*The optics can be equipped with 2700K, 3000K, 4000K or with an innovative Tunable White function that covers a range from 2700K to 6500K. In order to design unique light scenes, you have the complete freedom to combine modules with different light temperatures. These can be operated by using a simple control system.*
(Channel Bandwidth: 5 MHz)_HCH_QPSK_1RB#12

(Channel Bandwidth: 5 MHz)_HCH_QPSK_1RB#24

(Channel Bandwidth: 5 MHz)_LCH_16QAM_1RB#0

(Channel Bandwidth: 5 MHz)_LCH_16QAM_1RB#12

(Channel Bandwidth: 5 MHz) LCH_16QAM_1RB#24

• • • • • • •

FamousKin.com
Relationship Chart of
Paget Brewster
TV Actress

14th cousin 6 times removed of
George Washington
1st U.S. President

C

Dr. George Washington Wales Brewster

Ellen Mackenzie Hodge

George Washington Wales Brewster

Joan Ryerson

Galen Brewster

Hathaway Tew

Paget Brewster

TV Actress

• • • • • • •

TASK BRIEF ▸ Your answer should be one number: how many lines in the material hold the string "Wales".

TASK ANSWER ▸ 2